# Crank Caverns, March 2010



## granty09 (Mar 20, 2010)

Crank Caverns is the more well known name of the old Rainford Delph Quarry. It is a network of Caves and Tunnels set in a medium sized woodland area on the outskirts of St Helens. Stone became too expensive to quarry therefore it was decided that the most cost effective way would be to mine the stone out, which created the network of caves and tunnels. The mining stopped around 1869 and from 1939 the caves were used to store ammunition for the anti aircraft position at Crank. (Not sure where this is)

Well, where to start. We set of from Leeds at around 7am hoping to get there early and spend a good few hours exploring the caves. The journey was longer than expected due to a stupid amount of rain on the motorways. Anyway we finally arrived just near the wood and got ourselves ready for the unknown.












We were unsure of where exactly the tunnels started so first explored the big caves. When we first entered the caves it stank of burning and the amount of smoke in the air was really bad. On top of that we started to here spooky noises which to be honest freaked us out a bit and made us want to turn back. Being the great man that I am  i decided to have a look at what the noise was, and to my amusment was mearly water dripping on cans and different objects. We found a number of small holes in these caves but these led to nowhere.

After a while of getting nowhere we decided to walk back out and have a look around, when at last we found the start of the caves and tunnels. The journey was about to begin........

Scary lol. As you can see not much room at all.





Just after the initial narrow bit. Not much better but at least you could crouch.





One of many small small holes to navigate through.

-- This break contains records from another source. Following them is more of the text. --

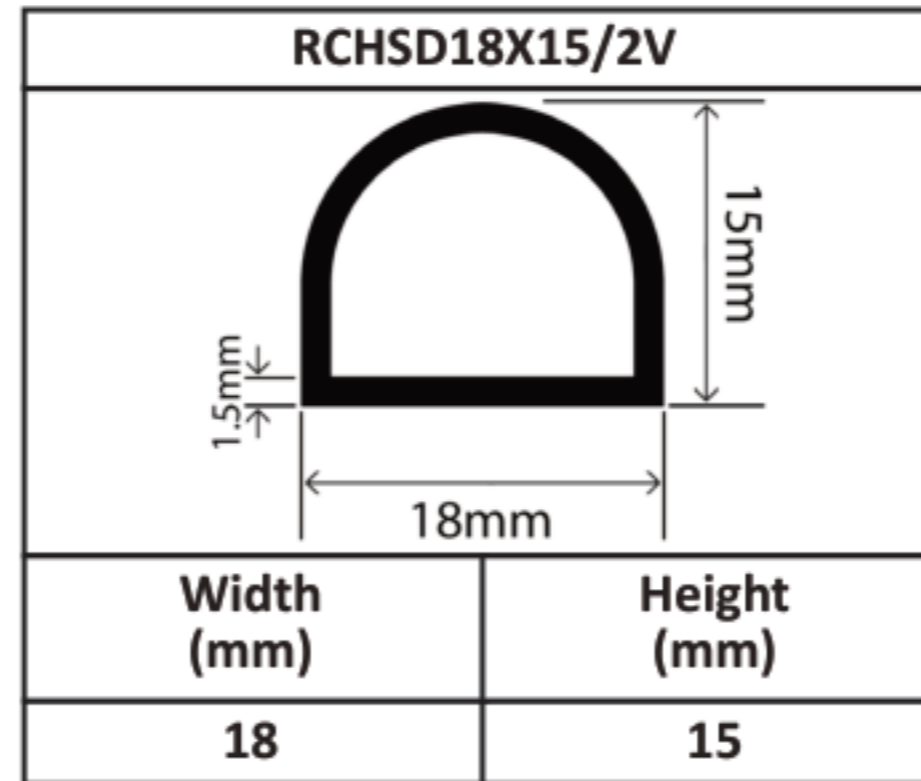

Silicone Hollow D Profiles 15mm - 70mm

Silicone Hollow D Profiles 15mm - 70mm

Silicone Hollow D Profiles 15mm - 70mm

Silicone Hollow D Profiles 15mm - 70mm

Silicone Hollow D Profiles 15mm - 70mm

Silicone Hollow D Profiles 15mm - 70mm

Silicone Hollow D Profiles 15mm - 70mm

Silicone Hollow D Profiles 15mm - 70mm

RCHSD60X80V	
	
Width (mm)	Height (mm)
60	80

RCHSD70X40V	
	
Width (mm)	Height (mm)
70	40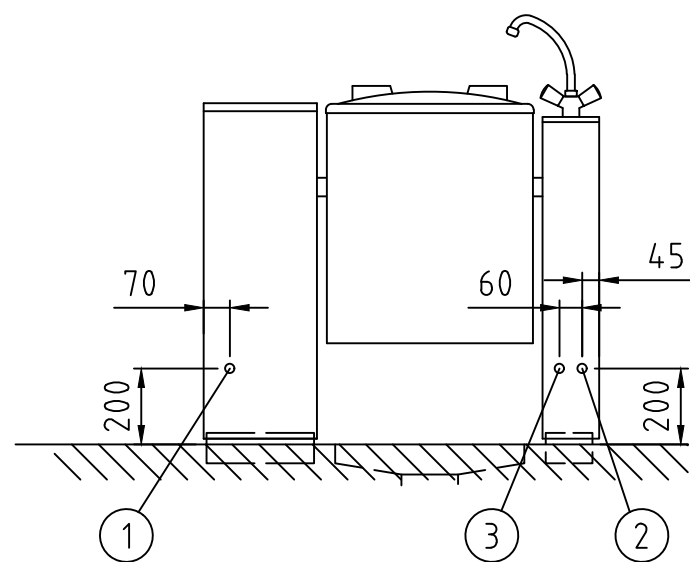

- 1 Electrical connection, Fixed, reserve about 0,8m free cable above the floor.
- 2 Cold water connection G3/8" female
- 3 Hot water connection G3/8" female
- 4 Recommended floor drain (not included in delivery)

Code	Electric supply	P/kW	I/A	Fuse/A
4215815	3PE AC 440V 60Hz	9	12	16
4215816	3PE AC 400V 50Hz	9	13	16
4215815MO	3PE AC 480V 50Hz	9,8	13	16

B - B

Alternative routing of electricity and water trough
Ø25 mm holes in the rear plates of the pillars.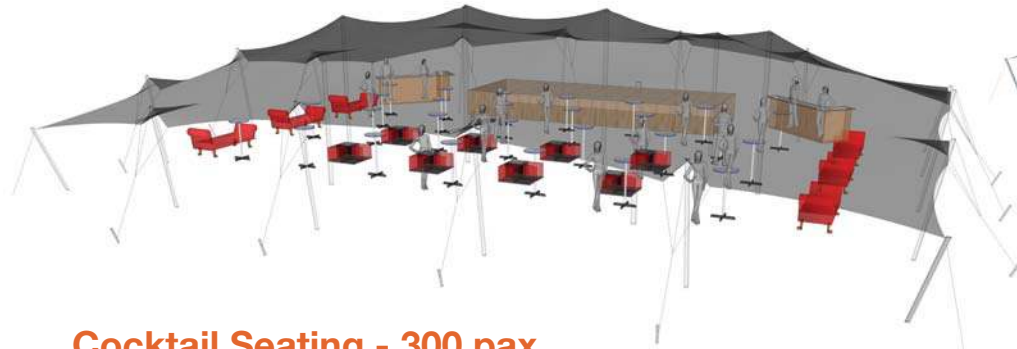

Nomadik® Stretch Tent 18m x 25m (450m²) / 59ft x 82ft (4838 sq. ft.) All Sides Up

Cinema Seating - 450 pax

Cocktail Seating - 300 pax

Banquet Seating - 225 pax

TENT SIZE IN METERS	SQUARE METERS	TENT SIZE IN FEET	SQUARE FEET	VOLUMETRIC WEIGHT	WEIGHT	APPROX. DIMENSIONS WHEN PACKED	RIGGERS NEEDED	APPROX. TIME TO SET UP
18m x 25m	450m ²	59ft x 82ft	4838 sq. ft	414	401 kg	150cm x 140cm x 90cm	3-4	3 hrs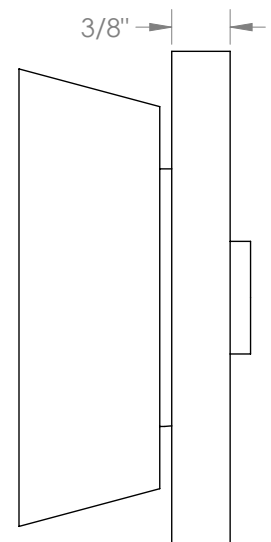

WATERMARK

BROOKLYN, NEW YORK

Zen 36-WTRTP-CM

Wall Mounted Trim with Faceplate

- For use with the: SS-TS200-C, SS-TS200-H, SS-TS150-C, SS-TS150-H, SS-WD2, SS-WD3, SS-VCWD2, or SS-VCWD3 concealed rough
- Professional Installation Required

Available in all finishes shown on the [Watermark Designs website](#)

Please refer to
second page for
handle dimensions

Meets the applicable requirements of ASME A112.18.1-2005/CSA B125.1-05, entitled "Plumbing Supply Fittings".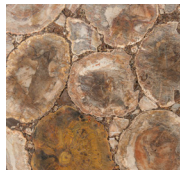

Petrified Wood

The term petrification comes from the Greek petro, meaning stone. Each piece of our Petrified Wood tiles displays the unique knots and rings that characterized an individual tree; no two are the same and the end result is a lustrous, exotic look that is incredibly durable and rare.

COLLECTION

Sizes	Field
Field	12" x 12" Retro Large, Retro Small, Log 12" x 24" Retro Large, Retro Small, Log
Material	Stone (Petrified Wood)
Color	Antique Charcoal, Antique Porto, Antique Red, Polished Charcoal, Polished Porto, Polished Red
Lead Time	Typical Lead Times are 10 weeks. <i>(Lead Times are subject to change)</i>

Antique Charcoal

Antique Porto

Antique Red

Polished Charcoal

Polished Porto

Polished Red

*Please note: variations in color, shade, surface texture and size are natural characteristics of all our products and should be expected. Images shown are representative, but may not indicate all variations in these characteristics.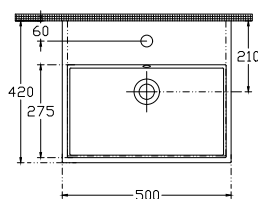

ISVEA

Purita Countertop Washbasin 50 cm

Features

With Tap Hole
With Overflow Hole
Suitable For Furniture & Wall Use

Dimensions

500 x 420 mm

Weight

16 kg

Product Code

10PL50050

Version

Complementary Products

Plastic Push-Open Ceramic POP-UP
Auxiliary Material (Overflow Hole Ring)
Auxiliary Material (Mounting Kit)

Color

White

Compatible Furniture Products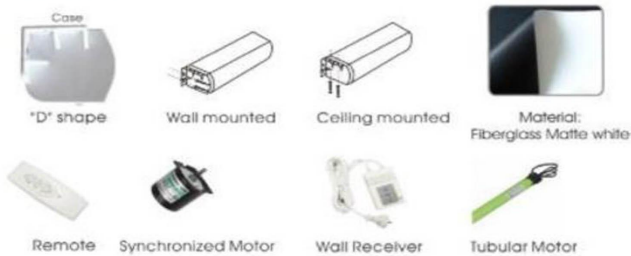

ELECTRIC PROJECTION SCREEN

Benefits

- Ideal for educational application, commercial presentations, residential entertainment, etc.
- Silent operation with extended operational longevity and low power consumption
- Standard Radio Frequency(RF) remote control to operate the screen freely in the room
- 3-way wall switch provides additional control options
- Dual wall and ceiling installation design
- Standard 4-side black masking borders
- Black backed screen material eliminates light penetration for superior color reproduction

Material

- Matte white screen material is durable and easy to clean
- Create 1.0 gain presentation
- 160° wide viewing angle available

Budget

Standard

Deluxe

16:10 Ratio

- * AVC-MS-PS-1610-85
- * AVC-MS-PS-1610-94
- * AVC-MS-PS-1610-109
- * AVC-MS-PS-1610-123
- * AVC-MS-PS-1610-137
- * AVC-MS-PS-1610-165
- * AVC-MS-PS-1610-222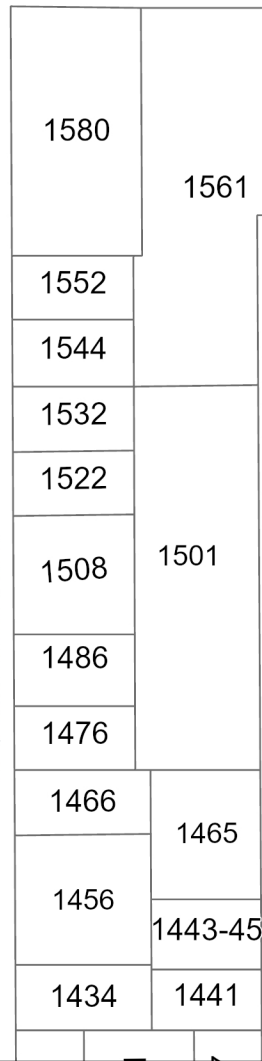

Location Map

14780 North Bluff Road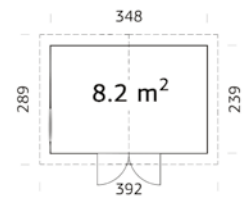

NILS 8,2 M²

16+32 mm

A=188 cm
B=259 cm

Included
16 mm

Acrylglas

Option
2 rolls,
5 packs

Option
106629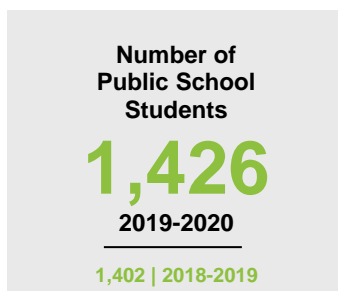

MARSHALL COUNTY

2020 COUNTY FACT SHEET

Minnesota

Child Population: **1,269,824**
 Birth Rate per 1,000: **12.0**
 Median Family Income: **\$86,204**

Marshall

Child Population: **2,119**
 Birth Rate per 1,000: **8.6**
 Median Family Income: **\$74,038**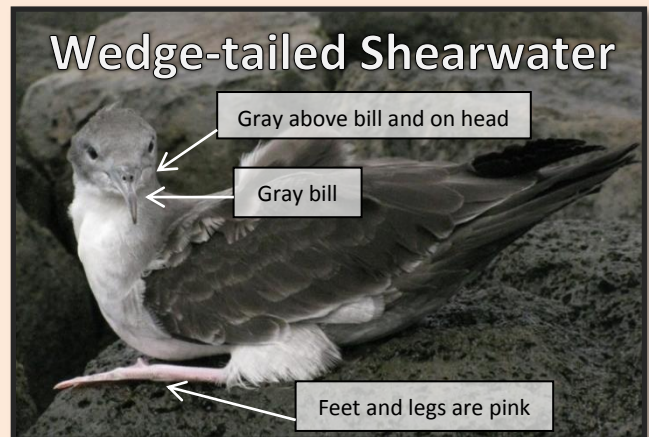

FOUND A SEABIRD??? CALL 808-573-BIRD

Catch bird using gloves or by placing towel over bird

Don't give the bird any food or water

Place bird in a ventilated box with a towel at the bottom

Call Maui Nui Seabird Recovery Project at (808) 573-BIRD

WHICH SEABIRD HAVE YOU FOUND???

Hawaiian Petrel

Wedge-tailed Shearwater

For more information please visit our website at www.mauinuseabirds.org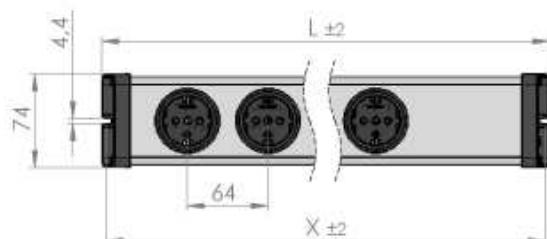

VARIO® LINEA Personal Protection 4-fold plus 30mA

- ✓ Robust plastic, gray
- ✓ Built-in Schuko plug sockets (90° rotated), round
- ✓ Space of sockets: 64 mm
- ✓ Available with 1,5 m power cord and angle plug as standard product;
Optional: also available with 3 m and 5 m power cable
- ✓ Increased safety due to integrated child protection
- ✓ End caps: mounting possible

Technical Data

- 250 V~, 16 A, 50 Hz, 3.600 W
- Power cord H05VV-F 3G 1,5 mm²
- 2-pole, illuminated switch
- Built-in RCD switch
- Consumption: < 0,5 W
- Angle plug with earthing contact

Dimensions: 462 x 74 x 47 mm (L x B x H)
Fixing dimension X: 454 mm
EAN: 4012096023234
Packaging unit: 20
Article no.: 0221x00042301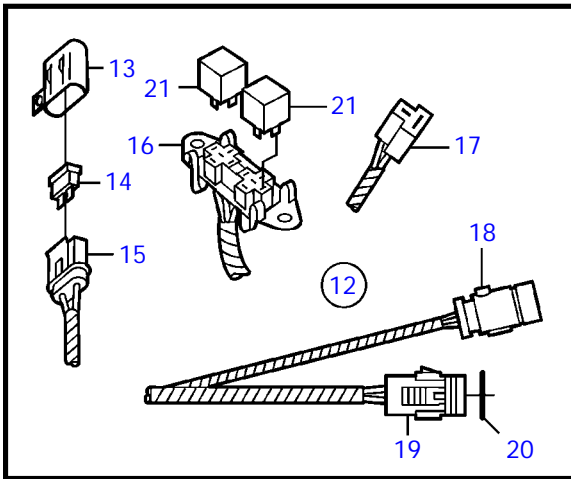

SX-M, SX-MLT, SX-MDA, SX-MDB, SX-MHP, SX-MACLT, SX-MDC, SX-MBAC

19825

SX-M, SX-MLT, SX-MDA, SX-MDB, SX-MHP, SX-MACLT, SX-MDC, SX-MBAC

REF	PART NO.	QTY	DESCRIPTION	NOTES
1	3860879	1	Pump, trim	
2	3861575	1	• Electrical motor	
3	3861577	1	• Connector	
4	3861578	1	• O-ring	
5	3861574	4	• Screw	
6		1	• Valve body	Not sold separately
7	3861570	1	• Reservoir	
8	3861572	1	• • Cardboard tube	
9	3861573	1	• • O-ring	
10	3858083	1	• Bracket	
11	971017	2	• Hexagon screw	
12	3857345	1	• Wiring harness	
13	8072808	1	• • Cover	
14	967545	1	• • Fuse	10 amp
15	8166029	1	• • Insulator	
	(3852254)	2	• • Terminal	Obsolete part
16	(3852210)	1	• • Bracket	Obsolete part
	(3852246)	4	• • Terminal	Obsolete part
	(3852247)	6	• • Terminal	Obsolete part
17	958210	1	• • Housing	
	(3852247)	2	• • Terminal	Obsolete part
18		1	• • Connector	Not sold separately
19	3852250	1	• • Terminal	
	3852251	1	• • Plug	
	3852253	2	• • Terminal	
20	3852537	1	• • O-ring	
21	3858809	2	• Relay	
22	3853825	2	Hydraulic hose	
23	3852165	4	O-ring	
24	3855709	1	Wiring harness, trim	5m
	3855708	1	Wiring harness, trim	7m
25	3855712	1	Wiring harness, trim	Y
26	3855710	1	Wiring harness, trim	3m
	3855711	1	Wiring harness, trim	5m

Time for a spot of lunch lol. My mate with his cheese sandwich 















Just after the picture above, we came across a small hole.
Chris: 'Have we been here before?'
Mike: 'No, can't be'
Chris: 'Let me have a look' (Went through hole walked around to same spot behind my mate.)
Mike: 'S**T'

We had gone around in circles and did not know how, as we could not find a hole anywhere....Strange, could some of the myths be true???? After around 20 mins of going around in circles and not getting anywhere we started to panic. Scrambling around everywhere trying to find a hole......At last I found a hole and we went through it. DAYLIGHT. This was not the hole that we came in by but was sure a way out, and we crawled some more to finaly get out. Phew

A great day out really. Hope the report doesn't bore you. I haven't done a decent report yet so thought this was a good story. Would be more pics but after we got lost that was the last thing on my mind.


----------



## phill.d (Mar 20, 2010)

The entrance to that place always looks interesting, it seems a stoopy explore to do after that though.
Nice write up of your day out too.
Nice one!


----------



## granty09 (Mar 20, 2010)

phill.d said:


> The entrance to that place always looks interesting, it seems a stoopy explore to do after that though.
> Nice write up of your day out too.
> Nice one!



Thanks mate. Don't really do big reports so thought it was about time I did one. Just a bit of fun ;-)


----------



## phill.d (Mar 20, 2010)

granty09 said:


> Thanks mate. Don't really do big reports so thought it was about time I did one. Just a bit of fun ;-)


Many more to come now you've got the taste for it i'm sure.


----------



## georgie (Mar 23, 2010)

good stuff ill have to lok at this place soon as its been on my list for ages now


----------